Mitophagy is a process used for the removal of fragmented mitochondria, and detailed mechanism of mitophagy is discussed in a recent review (79). Briefly, mitophagy is triggered by outer membrane receptor proteins (e.g., NIX/BNIP3L, BNIP3, and FUNDC) that have a classic motif to bind directly to microtubule associated light chain 3 (LC3) and initiate mitophagy (100). Mitophagy is also initiated by the PTEN-induced kinase 1 (PINK1)/Parkin. Loss of membrane potential in damaged mitochondria supports the accumulation of unprocessed PINK1 on the outer membrane surface where it recruits cytosolic Parkin to promote ubiquitin dependent mitophagy through interaction with LC3 protein (101).

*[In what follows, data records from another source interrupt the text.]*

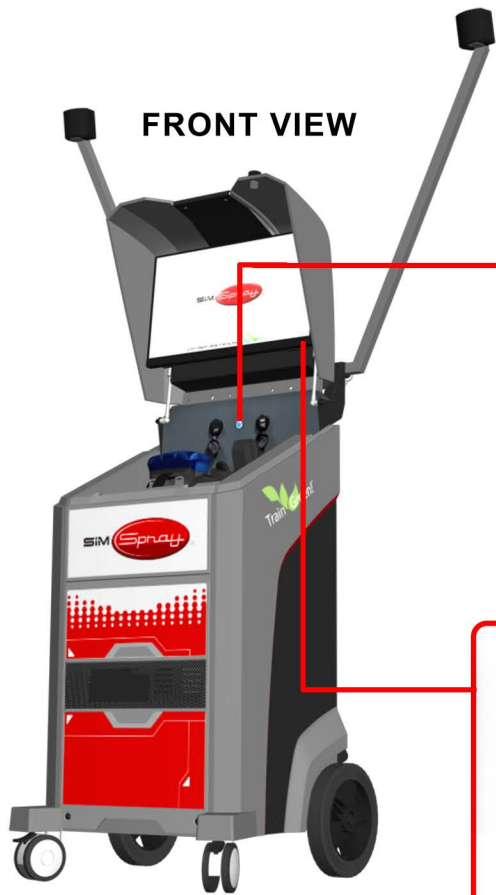

10' (3.05m)

8' (2.44m)

IMAGES NOT TO SCALE

- Aim SimSpray away from windows, TVs, infrared sources, and reflective materials.
- Turn off infrared emitting devices.
- Bluetooth devices may reduce motion tracking quality.
- 9' (2.74m) height minimum recommended.
- Applies to software version 3.4.

POWER DOWN

FRONT VIEW

In context to cell damage caused by invading and intracellular microbes, autophagy/mitophagy act as important defense systems to establish homeostasis in stressful cellular environment. Indeed, inhibition of mitophagy by 3-methyladenine resulted in Mφ polarization towards M1 phenotype (102), while rapamycin mediated induction of autophagy suppressed the mtROS and NLRP3 inflammasome activation and favored Mφ polarization towards M2 phenotype (102, 103). Further, PINK1 depletion enhanced the LPS/IFN-γ stimulated proinflammatory phenotype in microglial cells (104), and adoptive transfer of Pink1-deficient bone marrow promoted Mφ proinflammatory activation, which favored pathogen clearance and increased survival in a murine model of polymicrobial infection (8). However, PINK1 was required to trigger the RIG-I-mediated innate immune responses in Mφ infected with respiratory syncytial and herpes simplex viruses (105), and Parkin-deficiency increased the susceptibility of mice to intracellular pathogenic bacteria (e.g., M. tuberculosis, S. typhimurium, L. monocytogenes, and Pseudomonas aeruginosa (106, 107). Likewise, autophagy activation by isoniazid and bedaquiline treatment impaired the mycobacterial phagosome escape in Mφ, suggesting that drugs favoring autophagy would enhance bacterial clearance (108). These studies highlight that mitophagy has important and diverse roles in modulating the innate immunity against pathogens.